If he looks the slightly eccentric Californian-educated lecturer he once was, the impression is shattered once he opens his mouth. Siegal talks like a hard-nosed Wall Street financier: of exchange rates and money markets, interest and inflation.

Like the animals he once studied, Mr. Siegal thrives by filling a unique niche. As technical expert for WWF – Worldwide Fund For Nature, he is responsible for the complex negotiations by which Madagascar’s national debt is turned to environmental use.

Under a scheme launched in 1989, WWF has been buying up Madagascan commercial debt, available at a discount on the secondary market. It then persuades the government to honour at least part of its obligations and uses the money to fund projects to protect Madagascar’s ecosystem.

It is an arrangement that benefits all concerned, including the 30 species of lemurs, eight types of baobabs, and 235 varieties of reptiles – not to mention the frogs – that make up the island’s uniquely rich flora and fauna.

The commercial banks are keen to off-load debts the crisis-hit government stopped servicing years ago. Madagascar, whose credit rating has at times fallen as low as F-triple minus, claws back some international credibility and gets to pay off a foreign debt in local currency. And WWF gets more money than it paid out to spend on a project.
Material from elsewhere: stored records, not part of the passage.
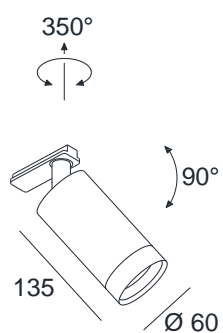

black/black

black/gold

white/white

white/gold

REED P1

technical details

description

1-phase(GLOBAL) track spotlight,

- max. 1x50W GU10 lamp
- aluminium
- adjustable 350°/90°
- colour finishes in black/black, black/gold, white/black and white/gold
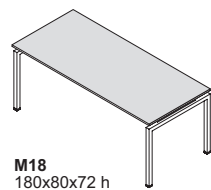

METHRO **OPERATIVE** LINE

Scrivanie P 80 cm / Desks

M18
180x80x72 h

M16
160x80x72 h

M14
140x80x72 h

M12
120x80x72 h

M10
100x80x72 h

M08
80x80x72 h

Composizioni / Compositions

MC1

Scrivanie P 60 cm / Desks

MD10
100x60x72 h

MD08
80x60x72 h

MD10/1
100x60x72 h

MD08/1
80x60x72 h

MD08/1
80x60x72 h

MC1C

MC2

MC4

Cassettiere / Pedestals

MCAM
42x53x55 h

MCLM
42x60x55 h

MCP4
42x60x55 h

MCP3
42x60x69 h
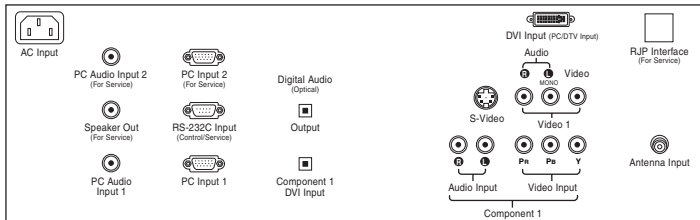

REAR JACK PANEL
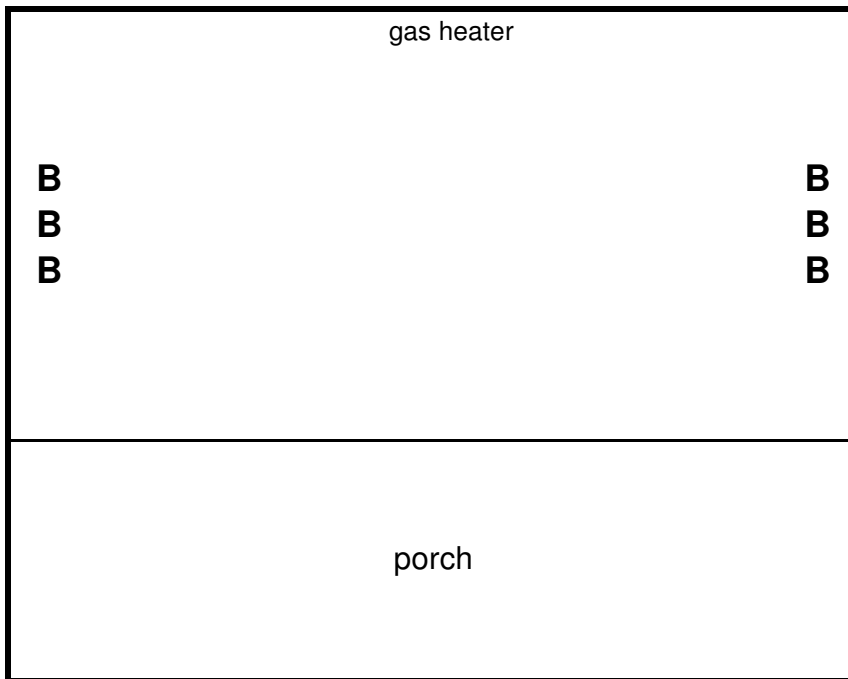

Cabins

Room Layout

Hillside

Brookside

B = Bunk (two singles)

linens, towels, blankets & pillows not available for this facility

Cabins

Christ + Centered

“The banks get rid of a bad debt, the government gets investments in its own country and we get more than our initial outlay. You take a negative, and turn it into a positive. It seems like a free lunch,” says Mr. Siegal.
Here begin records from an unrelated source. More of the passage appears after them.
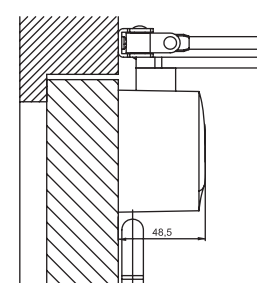

CERTIFICATION:

CE marking

ISEO®

TECHNICAL FEATURES:

Force:

- 2-4 for doors max width 1100 mm
- Change force by screw

Opening max:

- 180°

Valves adjustment:

- Closing speed (180°-15°)
- Latching action (15°-0°)
- Backcheck

Version:

- With standard arm
- With hold open arm

Colour version:

- Silver
- White
- Black

Dimension:

- 232x68x48,5 (body)
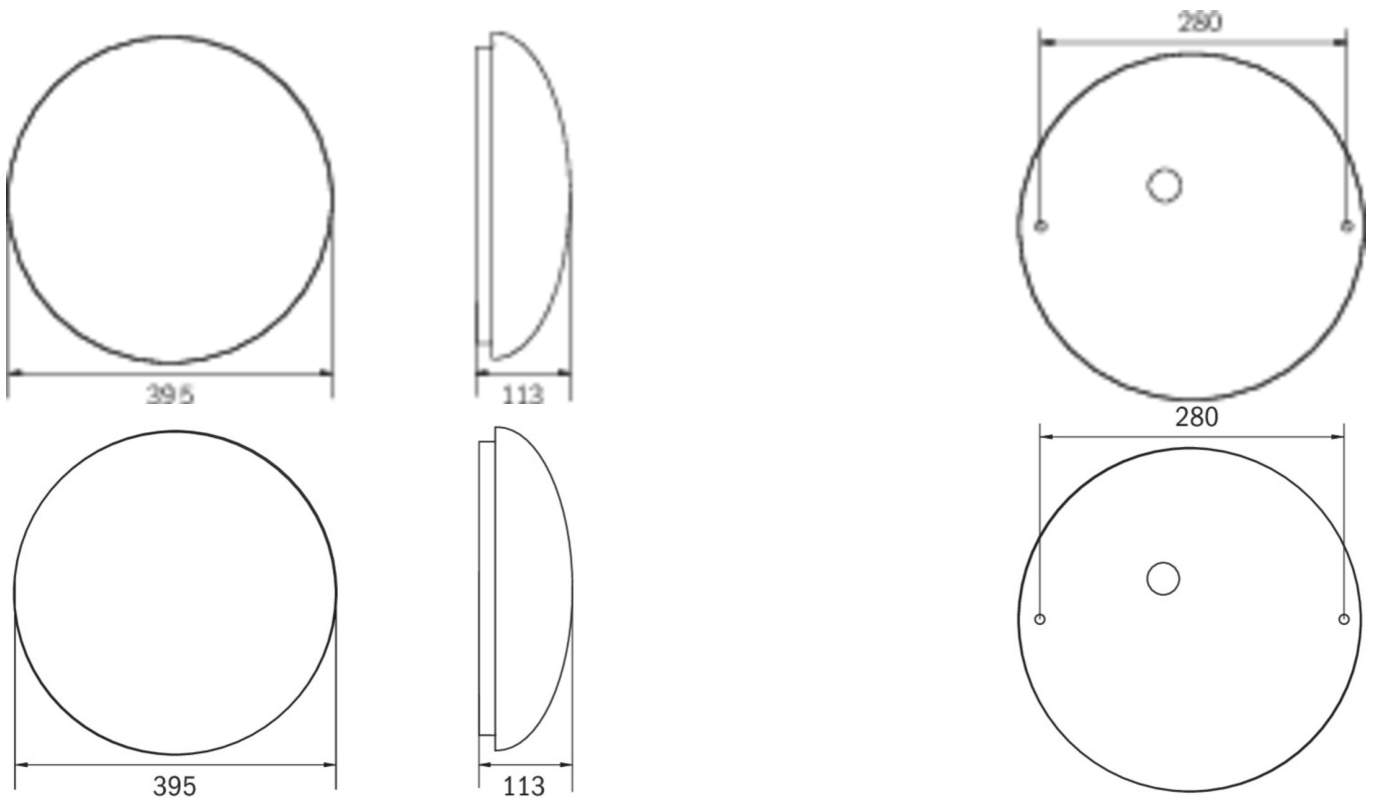

Power BS	0,4 W
Ambient temperature DS	-5 °C - 30 °C
Ambient temperature BS	-5 °C - 35 °C
Height	113 mm
Diameter	395 mm
Weight	0.78
Weight incl. packaging	1.1
Connection cross-section	2.5 mm²
Switching input	Yes
Emergency light blocking	No
Battery connection	Connector
Dimming function	Yes
Luminous flux mains	2300 lm
Luminous flux emergency	250 lm
EAN	4262483024225

TECHNICAL DRAWING

As of: 04.11.2024 - Subject to technical changes and errors.

Over the last five years, Mr. Siegal has bought nearly US$5m in Madagascan commercial debt for slightly more than US$2.3m. The discount would have been greater if it were not for the relative scarcity of Malagasy commercial debt, a tiny fraction of the country’s US$5bn external debt.
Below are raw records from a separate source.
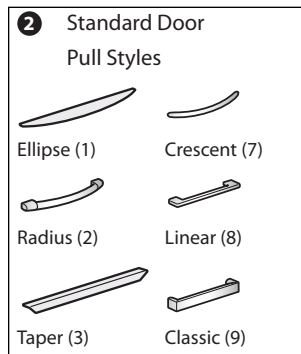

X Series Storage Cabinets

3H and 4H Storage Cabinets

	Actual Height	Actual Depth	Actual Width	Pull	Number ① ②	Painted Trim A	Trim B
3H Storage Cabinet	39.5"(1003mm)	18.75"(476mm)	29.885"(759mm)	1, J	JSPY-0330- ☐ ☐	$1759.04	$1957.24
				2, 3	JSPY-0330- ☐ ☐	1854.28	2052.48
				7, 8, 9	JSPY-0330- ☐ ☐	1877.22	2075.42
	39.5"(1003mm)	18.75"(476mm)	35.885"(911mm)	1, J	JSPY-0336- ☐ ☐	$1856.22	$2081.11
				2, 3	JSPY-0336- ☐ ☐	1951.46	2176.35
				7, 8, 9	JSPY-0336- ☐ ☐	1974.40	2199.29
	39.5"(1003mm)	18.75"(476mm)	41.885"(1064mm)	1, J	JSPY-0342- ☐ ☐	$2027.76	$2279.34
				2, 3	JSPY-0342- ☐ ☐	2123.00	2374.58
				7, 8, 9	JSPY-0342- ☐ ☐	2145.94	2397.52

Features

- Includes two shelves that adjust in 6"(152mm) increments.
- A shelf insert liner is available in eParts that provides shelf adjustment flexibility to 2.5"(64mm) part#: 8514-1826.

4H Storage Cabinet	51.5"(1308mm)	18.75"(476mm)	29.885"(759mm)	1, J	JSPY-0430- ☐ ☐	$1926.71	$2178.27
				2, 3	JSPY-0430- ☐ ☐	2021.95	2273.51
				7, 8, 9	JSPY-0430- ☐ ☐	2044.89	2296.45
	51.5"(1308mm)	18.75"(476mm)	35.885"(911mm)	1, J	JSPY-0436- ☐ ☐	$2077.26	$2361.23
				2, 3	JSPY-0436- ☐ ☐	2172.50	2456.47
				7, 8, 9	JSPY-0436- ☐ ☐	2195.44	2479.41
	51.5"(1308mm)	18.75"(476mm)	41.885"(1064mm)	1, J	JSPY-0442- ☐ ☐	$2317.37	$2633.75
				2, 3	JSPY-0442- ☐ ☐	2412.61	2728.99
				7, 8, 9	JSPY-0442- ☐ ☐	2435.55	2751.93

Feature

- Includes three shelves that adjust in 6"(152mm) increments.

Common Features

“No one knows for sure, but rumour has it there is just US$50m-US$80m in commercial debt for Madagascar out there and at least half is supposed to be owned by a bank that doesn’t want to sell,” says Mr. Siegal. Hence the 50 per cent discount at which the debt trades surprisingly high for an African country with such a disastrous economic record.

The government at first repaid WWF the full value of the debt, pleased to be able to cancel part of its massive obligations in Malagasy francs. Recently, as the recession has begun to bite, it has been offering the WWF only 80 per cent of face value. But the margin remains good enough for WWF to stay in the game.

The money has gone into recruiting and training hundreds of government agents to patrol the huge island, persuading villagers to halt the bush-clearing that each year destroys 200,000 hectares of forest.

Apart from the threat the slash-and-burn technique brings for untold varieties of animals and plants, experts calculate that between five and 15 per cent of Madagascar’s Gross National Product is lost each year through the erosion of rice paddies and silting up of electrical turbines.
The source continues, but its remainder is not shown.